From the records below, copy each line in which the string "Anina" occurs.

━━━ AVAILABLE DATA ━━━

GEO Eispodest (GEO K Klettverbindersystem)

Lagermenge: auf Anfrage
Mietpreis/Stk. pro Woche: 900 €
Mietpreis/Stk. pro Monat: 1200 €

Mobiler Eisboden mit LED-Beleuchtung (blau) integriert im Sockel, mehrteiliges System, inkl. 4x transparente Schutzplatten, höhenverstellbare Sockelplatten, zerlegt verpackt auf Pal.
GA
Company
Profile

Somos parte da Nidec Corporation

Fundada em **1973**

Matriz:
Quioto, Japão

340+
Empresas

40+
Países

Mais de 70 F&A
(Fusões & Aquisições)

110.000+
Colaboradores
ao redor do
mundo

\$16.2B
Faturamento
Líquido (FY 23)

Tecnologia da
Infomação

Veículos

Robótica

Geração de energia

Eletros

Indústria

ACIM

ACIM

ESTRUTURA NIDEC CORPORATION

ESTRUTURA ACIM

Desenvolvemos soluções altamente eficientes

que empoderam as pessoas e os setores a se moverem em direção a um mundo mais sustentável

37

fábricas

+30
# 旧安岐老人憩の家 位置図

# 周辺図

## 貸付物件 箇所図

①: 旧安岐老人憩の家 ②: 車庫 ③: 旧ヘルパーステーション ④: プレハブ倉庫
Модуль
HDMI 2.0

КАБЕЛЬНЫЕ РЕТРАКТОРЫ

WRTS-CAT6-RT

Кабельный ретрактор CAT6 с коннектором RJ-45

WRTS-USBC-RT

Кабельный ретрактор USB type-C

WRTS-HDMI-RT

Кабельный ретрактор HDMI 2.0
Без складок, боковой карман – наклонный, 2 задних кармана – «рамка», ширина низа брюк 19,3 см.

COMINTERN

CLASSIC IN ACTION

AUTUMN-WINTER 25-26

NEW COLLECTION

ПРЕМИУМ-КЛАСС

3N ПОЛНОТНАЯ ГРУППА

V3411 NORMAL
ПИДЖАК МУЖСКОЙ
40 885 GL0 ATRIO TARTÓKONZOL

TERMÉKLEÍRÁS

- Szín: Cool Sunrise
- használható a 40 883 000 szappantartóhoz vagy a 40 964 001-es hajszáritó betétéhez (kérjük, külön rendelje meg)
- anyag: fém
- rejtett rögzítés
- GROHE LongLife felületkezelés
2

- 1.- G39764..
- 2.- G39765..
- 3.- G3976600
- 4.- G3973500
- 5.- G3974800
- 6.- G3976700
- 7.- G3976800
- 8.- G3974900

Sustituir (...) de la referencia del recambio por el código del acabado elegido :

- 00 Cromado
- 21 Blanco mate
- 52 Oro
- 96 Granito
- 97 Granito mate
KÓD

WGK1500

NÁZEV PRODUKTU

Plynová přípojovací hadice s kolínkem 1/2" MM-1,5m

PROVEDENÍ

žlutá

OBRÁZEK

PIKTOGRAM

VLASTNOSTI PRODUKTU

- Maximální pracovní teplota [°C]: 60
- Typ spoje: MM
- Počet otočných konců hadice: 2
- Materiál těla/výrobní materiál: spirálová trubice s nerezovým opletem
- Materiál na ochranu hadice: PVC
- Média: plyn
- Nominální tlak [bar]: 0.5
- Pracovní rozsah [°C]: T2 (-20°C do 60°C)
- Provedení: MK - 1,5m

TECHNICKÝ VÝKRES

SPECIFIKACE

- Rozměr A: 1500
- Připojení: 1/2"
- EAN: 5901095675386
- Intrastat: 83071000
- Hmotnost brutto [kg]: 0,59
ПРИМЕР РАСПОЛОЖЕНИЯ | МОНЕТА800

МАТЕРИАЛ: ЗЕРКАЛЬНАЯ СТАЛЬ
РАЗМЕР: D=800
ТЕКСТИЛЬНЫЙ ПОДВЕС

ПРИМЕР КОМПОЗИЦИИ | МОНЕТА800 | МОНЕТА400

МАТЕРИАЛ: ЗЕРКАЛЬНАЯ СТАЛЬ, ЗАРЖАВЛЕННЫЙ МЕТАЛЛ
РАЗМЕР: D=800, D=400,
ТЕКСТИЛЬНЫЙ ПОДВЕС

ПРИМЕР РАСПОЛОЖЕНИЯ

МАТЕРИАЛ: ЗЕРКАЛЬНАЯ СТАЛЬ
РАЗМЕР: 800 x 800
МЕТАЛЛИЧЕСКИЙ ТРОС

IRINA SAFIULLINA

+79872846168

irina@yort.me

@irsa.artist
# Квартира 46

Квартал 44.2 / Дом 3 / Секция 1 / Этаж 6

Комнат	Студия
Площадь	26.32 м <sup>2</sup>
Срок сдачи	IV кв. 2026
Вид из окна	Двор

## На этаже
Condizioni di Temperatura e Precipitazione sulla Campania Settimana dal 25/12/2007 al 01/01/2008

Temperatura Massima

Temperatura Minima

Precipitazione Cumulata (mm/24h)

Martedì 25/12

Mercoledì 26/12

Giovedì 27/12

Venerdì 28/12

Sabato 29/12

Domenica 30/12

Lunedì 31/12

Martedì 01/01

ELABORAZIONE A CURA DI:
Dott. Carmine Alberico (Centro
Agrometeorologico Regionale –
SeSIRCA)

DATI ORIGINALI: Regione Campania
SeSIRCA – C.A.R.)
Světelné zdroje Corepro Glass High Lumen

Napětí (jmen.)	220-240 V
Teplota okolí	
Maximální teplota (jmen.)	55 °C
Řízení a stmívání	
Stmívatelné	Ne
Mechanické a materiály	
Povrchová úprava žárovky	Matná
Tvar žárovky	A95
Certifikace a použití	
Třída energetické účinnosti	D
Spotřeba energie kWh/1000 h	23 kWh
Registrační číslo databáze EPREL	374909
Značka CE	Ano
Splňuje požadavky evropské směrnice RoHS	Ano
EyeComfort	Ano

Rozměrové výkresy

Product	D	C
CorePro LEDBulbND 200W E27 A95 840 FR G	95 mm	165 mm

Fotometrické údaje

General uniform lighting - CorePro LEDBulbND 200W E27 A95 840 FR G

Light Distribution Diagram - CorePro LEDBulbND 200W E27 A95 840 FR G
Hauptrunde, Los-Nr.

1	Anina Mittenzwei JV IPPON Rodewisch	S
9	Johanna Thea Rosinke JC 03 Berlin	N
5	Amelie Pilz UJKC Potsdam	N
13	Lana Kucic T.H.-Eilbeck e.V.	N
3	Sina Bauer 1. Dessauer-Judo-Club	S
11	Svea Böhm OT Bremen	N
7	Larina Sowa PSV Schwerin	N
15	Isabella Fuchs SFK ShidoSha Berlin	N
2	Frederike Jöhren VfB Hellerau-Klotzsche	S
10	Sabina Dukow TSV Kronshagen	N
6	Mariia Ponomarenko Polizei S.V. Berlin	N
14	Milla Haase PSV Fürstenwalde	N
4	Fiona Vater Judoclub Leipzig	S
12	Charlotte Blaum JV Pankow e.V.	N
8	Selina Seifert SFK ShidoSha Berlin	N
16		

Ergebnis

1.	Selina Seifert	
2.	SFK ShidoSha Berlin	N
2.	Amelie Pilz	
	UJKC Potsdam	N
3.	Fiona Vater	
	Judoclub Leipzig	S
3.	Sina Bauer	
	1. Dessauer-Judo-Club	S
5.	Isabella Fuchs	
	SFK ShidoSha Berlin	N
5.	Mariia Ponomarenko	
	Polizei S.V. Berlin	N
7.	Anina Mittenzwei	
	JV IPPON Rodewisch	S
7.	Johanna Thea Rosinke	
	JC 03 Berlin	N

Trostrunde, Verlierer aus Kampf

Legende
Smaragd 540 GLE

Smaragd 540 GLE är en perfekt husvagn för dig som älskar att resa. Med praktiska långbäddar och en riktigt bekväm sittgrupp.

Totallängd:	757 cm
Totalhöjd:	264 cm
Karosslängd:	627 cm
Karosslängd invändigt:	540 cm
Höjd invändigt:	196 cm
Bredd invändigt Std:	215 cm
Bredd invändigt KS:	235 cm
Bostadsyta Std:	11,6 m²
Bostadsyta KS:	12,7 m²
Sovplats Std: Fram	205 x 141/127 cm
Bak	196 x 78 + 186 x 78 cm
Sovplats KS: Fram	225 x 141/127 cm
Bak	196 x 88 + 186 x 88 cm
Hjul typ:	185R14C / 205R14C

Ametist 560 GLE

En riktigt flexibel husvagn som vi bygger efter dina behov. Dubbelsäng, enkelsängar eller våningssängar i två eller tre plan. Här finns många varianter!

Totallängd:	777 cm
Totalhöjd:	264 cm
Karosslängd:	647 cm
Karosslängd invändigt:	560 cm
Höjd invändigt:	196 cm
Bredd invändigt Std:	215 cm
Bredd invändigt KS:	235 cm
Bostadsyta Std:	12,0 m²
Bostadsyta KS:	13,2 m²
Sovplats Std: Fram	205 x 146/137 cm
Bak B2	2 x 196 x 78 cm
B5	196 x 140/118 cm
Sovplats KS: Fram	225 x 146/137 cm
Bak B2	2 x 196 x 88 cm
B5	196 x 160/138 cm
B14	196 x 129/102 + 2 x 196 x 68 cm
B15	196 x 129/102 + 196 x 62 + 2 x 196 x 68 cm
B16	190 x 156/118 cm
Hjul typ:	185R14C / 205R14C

━━━

[ANSWER SPACE]
1	Anina Mittenzwei JV IPPON Rodewisch	S
7.	Anina Mittenzwei	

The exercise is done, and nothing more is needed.